In a World on Fire, Stop Burning Things

The truth is new and counterintuitive: we have the technology necessary to rapidly ditch fossil fuels.

In 2020, fossil-fuel pollution killed three times as many people as COVID-19 did. Photograph by Artur Widak / NurPhoto / Getty

On the last day of February, the Intergovernmental Panel on Climate Change issued its most dire report yet. The Secretary-General of the United Nations, António Guterres, had, he said, “seen many scientific reports in my time, but nothing like this.” Setting aside diplomatic language, he described the document as “an atlas of human suffering and a damning indictment of failed climate leadership,” and added that “the world’s biggest polluters are guilty of arson of our only home.” Then, just a few hours later, at the opening of a rare emergency special session of the U.N. General Assembly, he catalogued the horrors of Vladimir Putin’s invasion of Ukraine, and declared, “Enough is enough.” Citing Putin’s declaration of a nuclear alert, the war could, Guterres said, turn into an atomic conflict, “with potentially disastrous implications for us all.”

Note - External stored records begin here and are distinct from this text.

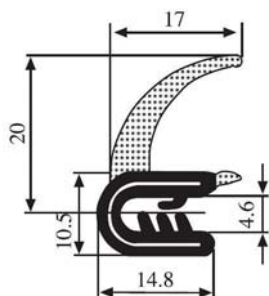

A MM	B MM	KOD PRODUKTU	STANDARDOWA DŁUGOŚĆ ROLKI
3	10	1300.3.10	50
3	15	1300.3.15	50
3	20	1300.3.20	50
4	10	1300.4.10	50
4	15	1300.4.15	50
4	20	1300.4.20	50
5	10	1300.5.10	50
5	15	1300.5.15	50
5	20	1300.5.20	50
6	10	1300.6.10	25
6	15	1300.6.15	25
6	20	1300.6.20	25
7	10	1300.7.10	25
7	15	1300.7.15	25
7	25	1300.7.25	25
8	10	1300.8.10	25
8	15	1300.8.15	25
8	20	1300.8.20	25
9	15	1300.9.15	25
9	20	1300.9.20	25
10	15	1300.10.15	25
10	20	1300.10.20	25

<b>Materiał:</b>	EPDM	<b>Kolor:</b>	CZARNY	<b>Opakowanie (m):</b>	50
------------------	------	---------------	--------	------------------------	----

**340.09.202**

Zakres chwytania:

2.0-4.0 mm

<b>Materiał:</b>	EPDM	<b>Kolor:</b>	CZARNY	<b>Opakowanie (m):</b>	50
------------------	------	---------------	--------	------------------------	----

**340.09.203**

Zakres chwytania:

1.0-3.5 mm

<b>Materiał:</b>	EPDM	<b>Kolor:</b>	CZARNY	<b>Opakowanie (m):</b>	50
------------------	------	---------------	--------	------------------------	----

**340.09.205**

Zakres chwytania:

2.0-4.0 mm

<b>Materiał:</b>	EPDM	<b>Kolor:</b>	CZARNY	<b>Opakowanie (m):</b>	50
------------------	------	---------------	--------	------------------------	----

**340.09.206**

Zakres chwytania:  
2.0-4.0 mm
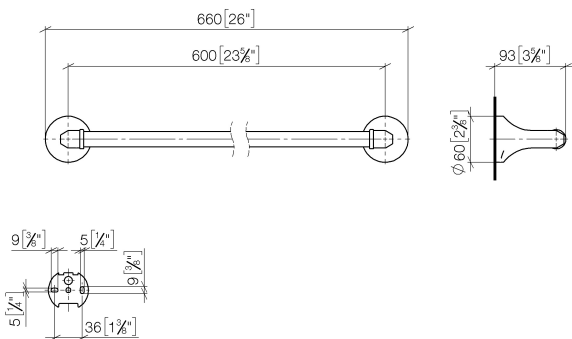

Душ - Madison

Держатель для банного полотенца - платина матовая

Артикульный номер: 83 060 361-06

- расстояние между осями 600 мм
- ширина 660 мм
- высота 60 мм
- розетка Ø 60 мм
- вылет 90 мм
- Внимание: стандартный монтаж на стекле только для 8 мм стекла.
- С 12 мм или более, свяжитесь с техническим сервисом Dornbracht

платина матовая

размерный чертеж

mm [inches]

Все величины в мм / дюймах = мм x 0,0394

Душ - Madison

Держатель для банного полотенца - платина матовая

Артикульный номер: 83 060 361-06

Душ - Madison

### Спецификация запасных частей

№	Артикульный №	Наименование	Расходуемое кол-во
1	05 17 97 507 00 90	Набор для крепления 52 x 45 x 70 мм -	2
2	04 31 11 140 00 90	Крепление M6 x 10 мм -	2
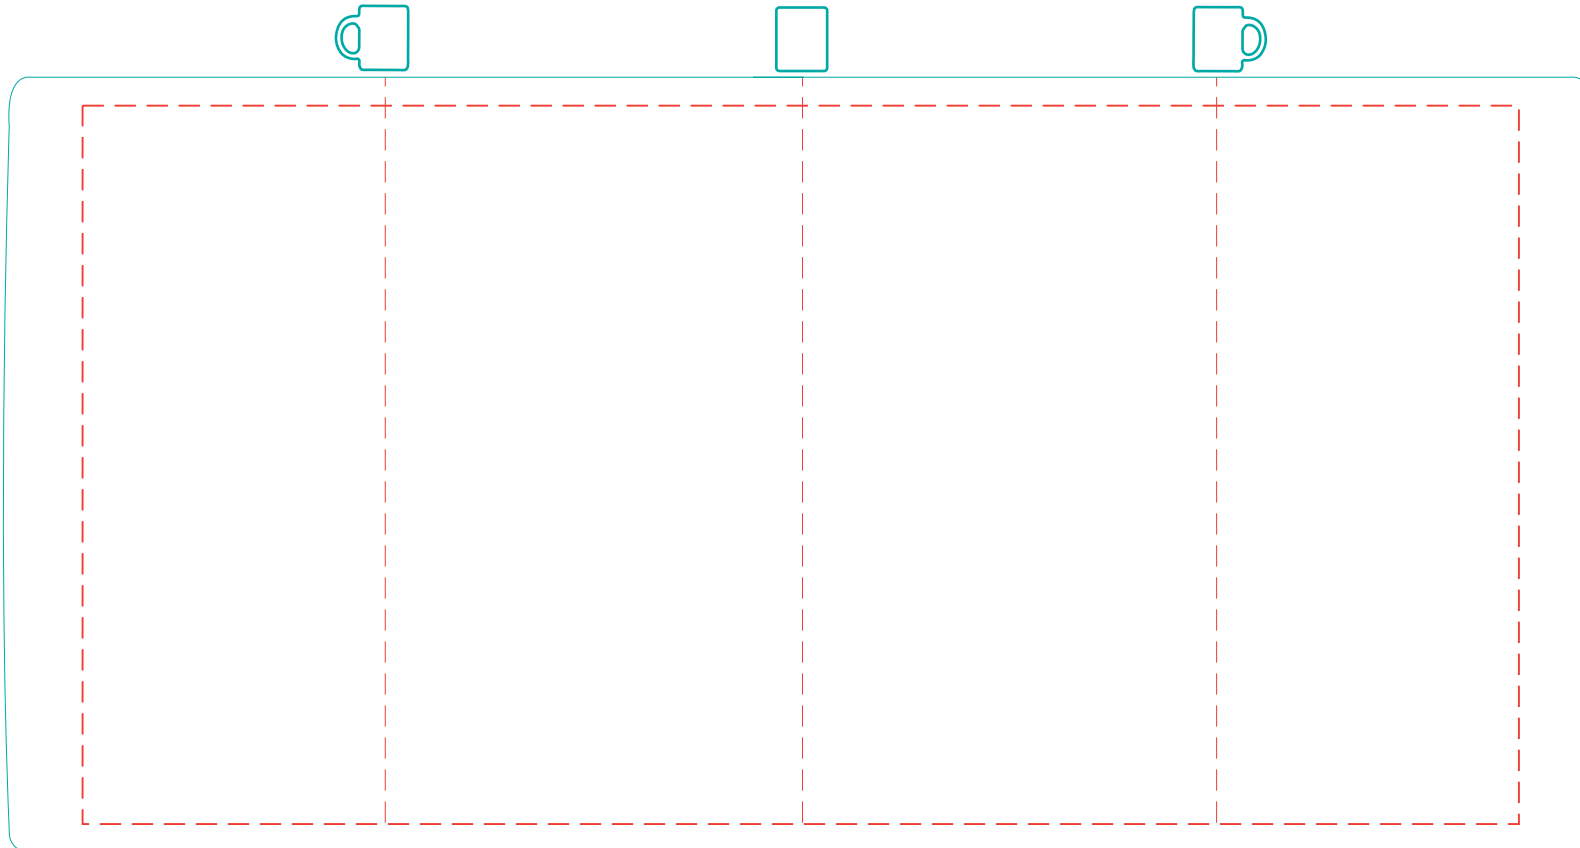

# Inka

A 3002

# Abziehbild transfer print

max. Druckfläche: Länge 190 mm, Höhe 95 mm

max. printing area: length 190 mm, height 95 mm
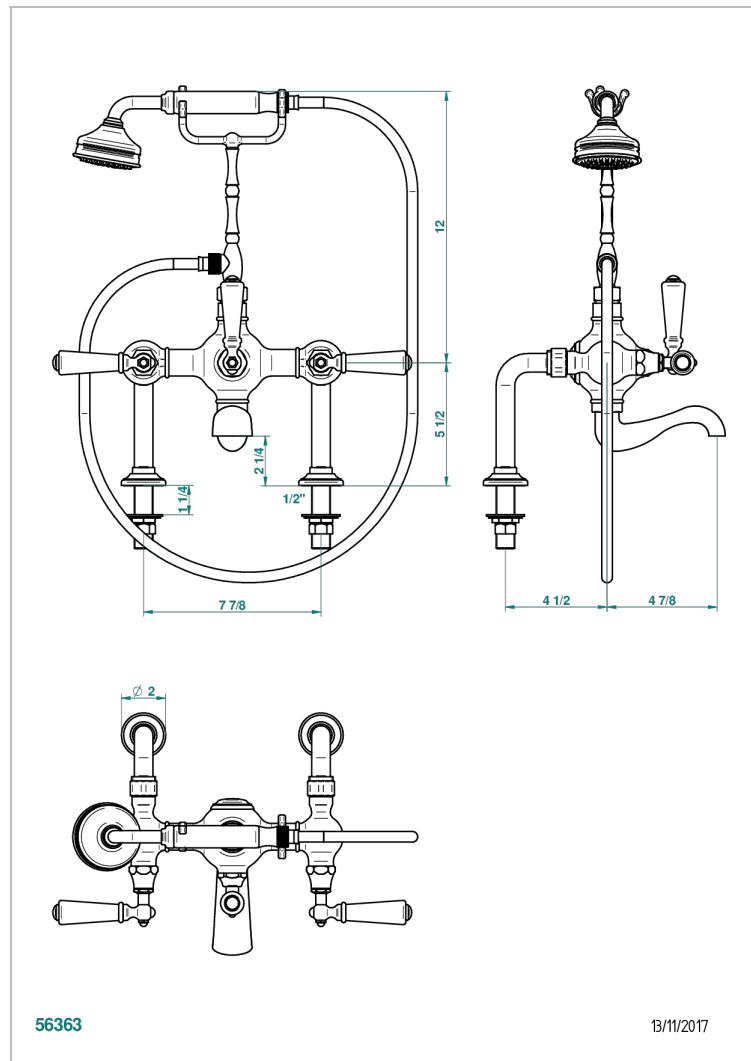

# 1900 CON MANETAS METAL LISO

G3M-14G/US

THG  
PARIS

Mélangeur bain douche sur gorge 1/2" à inversion manuelle, entraxe 200 mm avec support téléphone haut, douchette et flexible 1m50 - standard américain

## CARACTERÍSTICAS

- 1900 con manetas metal liso
- Mélangeur bain douche sur gorge 1/2" à inversion manuelle, entraxe 200 mm avec support téléphone haut, douchette et flexible 1m50 - standard américain

## ESPECIFICACIONES TÉCNICAS

- Recommandé : 3 bars (max. 5 bars) - Advised : 43,5 psi (max. 72 psi)
- Bec : 75 l/min à 3 bars - Douchette : 9,5 l/min à 3 bars
- Spout : 19,8 gpm at 43.5 psi - Handshower : 2.5 gpm at 43.5 psi
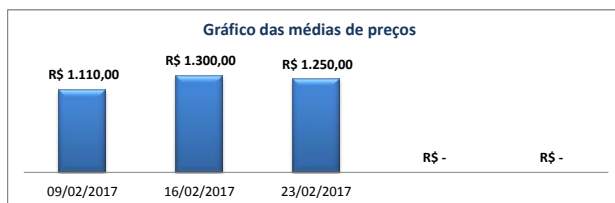

FEVEREIRO

2017

DESCRIÇÃO		MÉDIA DO MÊS	
BEZERRO		R\$	1.061,97
		QUANTIDADE TOTAL	431
HISTÓRICO SEMANAL			
DATA	09/02/2017	16/02/2017	23/02/2017
MÉDIA	R\$ 1.117,14	R\$ 983,33	R\$ 1.085,45
QUANTIDADE	130	186	115

DESCRIÇÃO		MÉDIA DO MÊS	
GARROTE		R\$	1.220,00
		QUANTIDADE TOTAL	41
HISTÓRICO SEMANAL			
DATA	09/02/2017	16/02/2017	23/02/2017
MÉDIA	R\$ 1.110,00	R\$ 1.300,00	R\$ 1.250,00
QUANTIDADE	4	11	26

DESCRIÇÃO		MÉDIA DO MÊS	
BEZERRA		R\$	798,33
		QUANTIDADE TOTAL	123
HISTÓRICO SEMANAL			
DATA	09/02/2017	16/02/2017	23/02/2017
MÉDIA	R\$ 845,00	R\$ 700,00	R\$ 850,00
QUANTIDADE	59	42	22
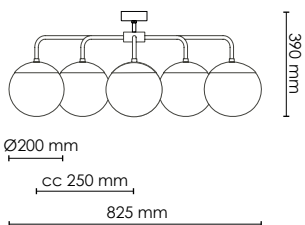

LORD 5 CHANDELIER

HEIGHT 390

1170 EUR

BLACK/SMOKED GLASS

ART.NO. 218151105

BLACK/OPAL GLASS

ART.NO. 218151005

1390 EUR

BRASS/BROWN GLASS

ART.NO. 218151201

BRASS/OPAL GLASS

ART.NO. 218151001
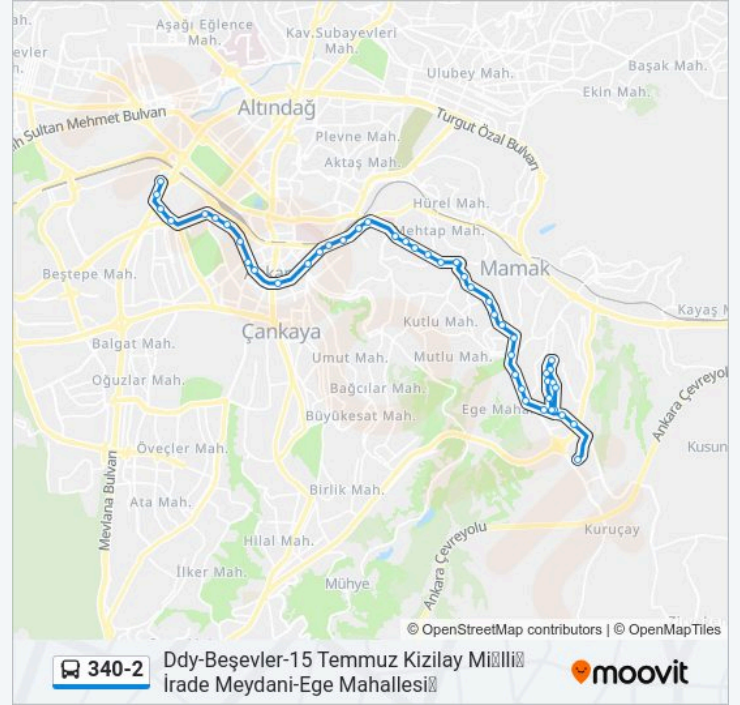

340-2 otobüs Bilgi

Yön: Ddy-Beşevler-15 Temmuz Kızılay Milli İrade Meydani-Ege Mahallesi

Duraklar: 46

Yolculuk Süresi: 55 dk

Hat Özeti:

31934 - Ege İlkokulu

31935 - Hazreti Ali Camii

31936 - Şehitler Caddesi 2
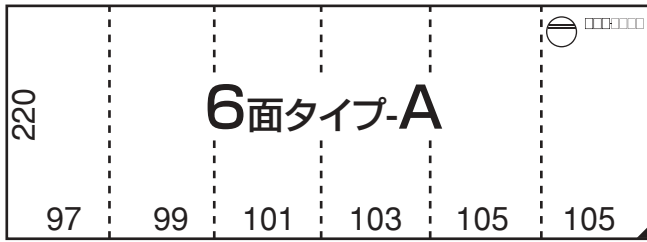

パノラマメールの種類とサイズ

信行印刷株式会社

仕上サイズ:120×234mm
展開サイズ:234×358mm

仕上サイズ:120×220mm
展開サイズ:220×588mm

仕上サイズ:114×200mm
展開サイズ:200×450mm

仕上サイズ:105×220mm
展開サイズ:220×610mm

仕上サイズ:120×234mm
展開サイズ:234×474mm

仕上サイズ:120×234mm
展開サイズ:234×700mm

仕上サイズ:118×230mm
展開サイズ:230×464mm

仕上サイズ:107×234mm
展開サイズ:234×719mm

4面はがき付の
正確なサイズは
別用紙をご覧ください

ご注意

1. 周囲に糊塗布余白(白地:約10mm)が必要です。
2. 糊塗布部分に印刷されますと糊がつかなくなりますのでご注意ください。

(単位:mm)

	仕上りサイズ	展開サイズ	用紙
3面タイプ	120×234	234×394	4/6・110kg
4面タイプ-A	114×200	200×450	〃
4面タイプ-B	120×234	234×474	〃
4面はがき付き★	118×230	230×464	〃
5面タイプ	120×220	220×588	〃
6面タイプ-A	105×220	220×610	〃
6面タイプ-B	122×230	234×700	4/6・90kg
7面タイプ	107×234	234×719	〃
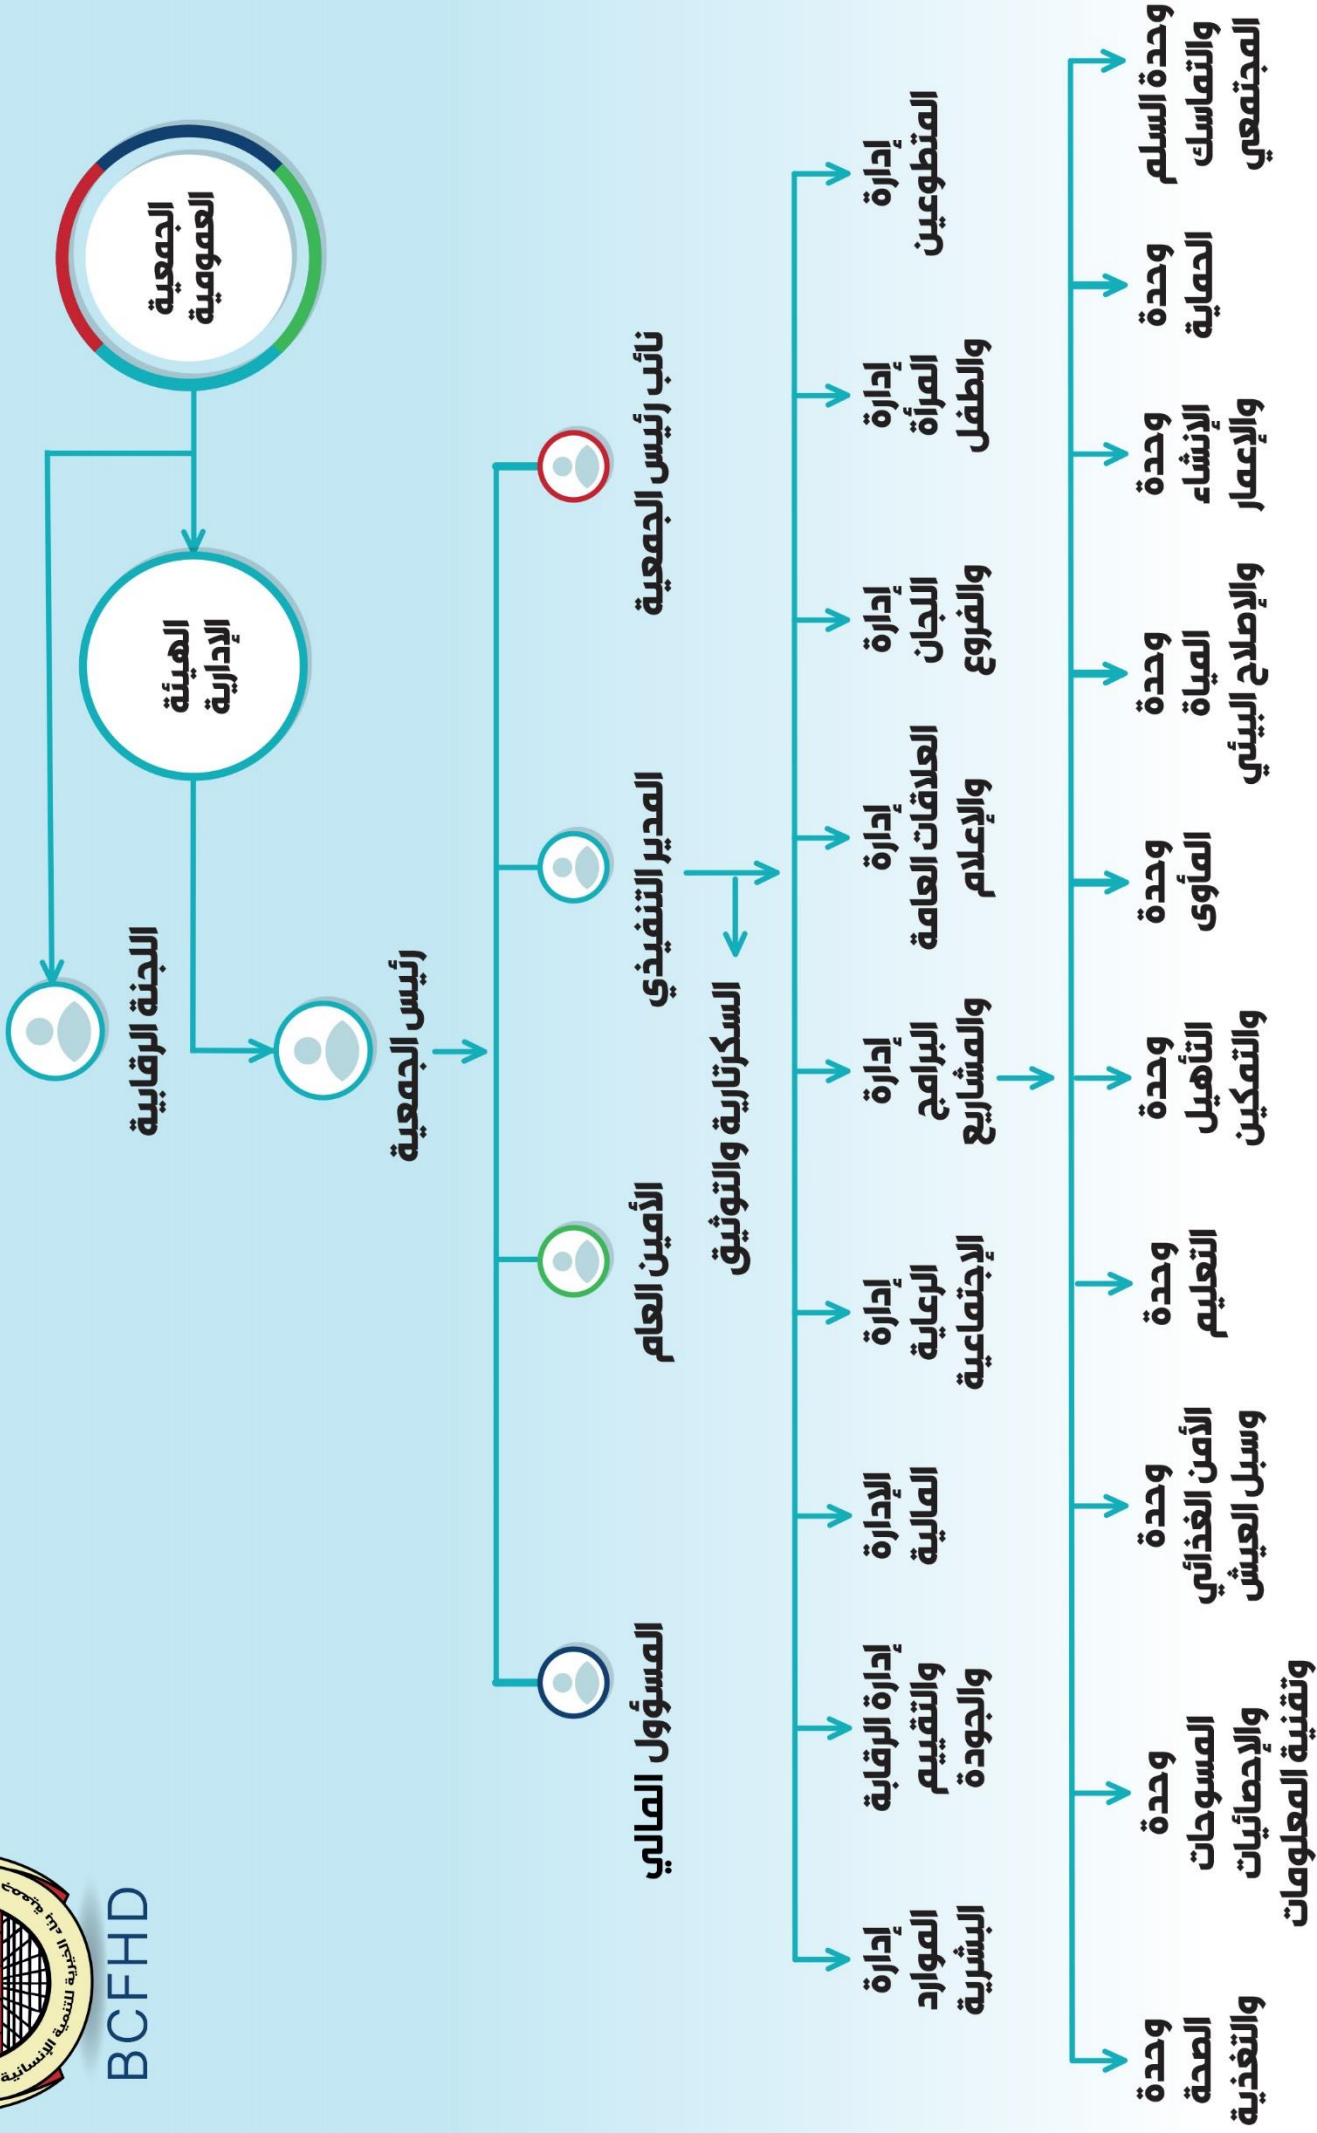

www.benaye.org |

benayemen

- ✓ الزراعة وسبل العيش.
- ✓ المجال التعليمي.
- ✓ التمكين.
- ✓ الأمن الغذائي والتغذية.
- ✓ الايواء والمواد غير الغذائية.
- ✓ المياه والصرف الصحي والاصحاح البيئي.
- ✓ الصحة.
- ✓ المجال التنموي.

حيث أن الجمعية عضو نشط في العديد من الكلسترات منها:

- ✓ كلستر الغذاء والزراعة (شريك فاعل).
- ✓ كلستر التعليم (شريك استراتيجي ومنسق للكلستر).
- ✓ كلستر الووش (شريك فاعل).
- ✓ كلستر الإيواء (شريك فاعل).
- ✓ كلستر تنسيق إدارة المخيمات CCCM (قيادة الكلستر داخل مدينة تعز).
- ✓ كلستر الصحة.
- ✓ كلستر الحماية.

أين نعمل

تعمل BCFHD في نطاق الجمهورية اليمنية بكل محافظاتنا، بالتنسيق مع الشركاء.

BCFHD

الهيكل التنظيمي

حصلة عام

BCFHD

الأمّن الغذائي
وسبل العيش

41,392
مستفيد

المشاريع
الاجتماعية

78,620
مستفيد

الصحة

162,339
مستفيد

المياه والإصحاح
البيئي

303,689
مستفيد

قطاع المرأة

5,856
مستفيد

What unites these two crises is combustion. Burning fossil fuel has driven the temperature of the planet ever higher, melting most of the sea ice in the summer Arctic, bending the jet stream, and slowing the Gulf Stream. And selling fossil fuel has given Putin both the money to equip an army (oil and gas account for sixty per cent of Russia’s export earnings) and the power to intimidate Europe by threatening to turn off its supply. Fossil fuel has been the dominant factor on the planet for centuries, and so far nothing has been able to profoundly alter that. After Putin invaded, the American Petroleum Institute insisted that our best way out of the predicament was to pump more oil. The climate talks in Glasgow last fall, which John Kerry, the U.S. envoy, had called the “last best hope” for the Earth, provided mostly vague promises about going “net-zero by 2050”; it was a festival of obscurantism, euphemism, and greenwashing, which the young climate activist Greta Thunberg summed up as “blah, blah, blah.” Even people trying to pay attention can’t really keep track of what should be the most compelling battle in human history.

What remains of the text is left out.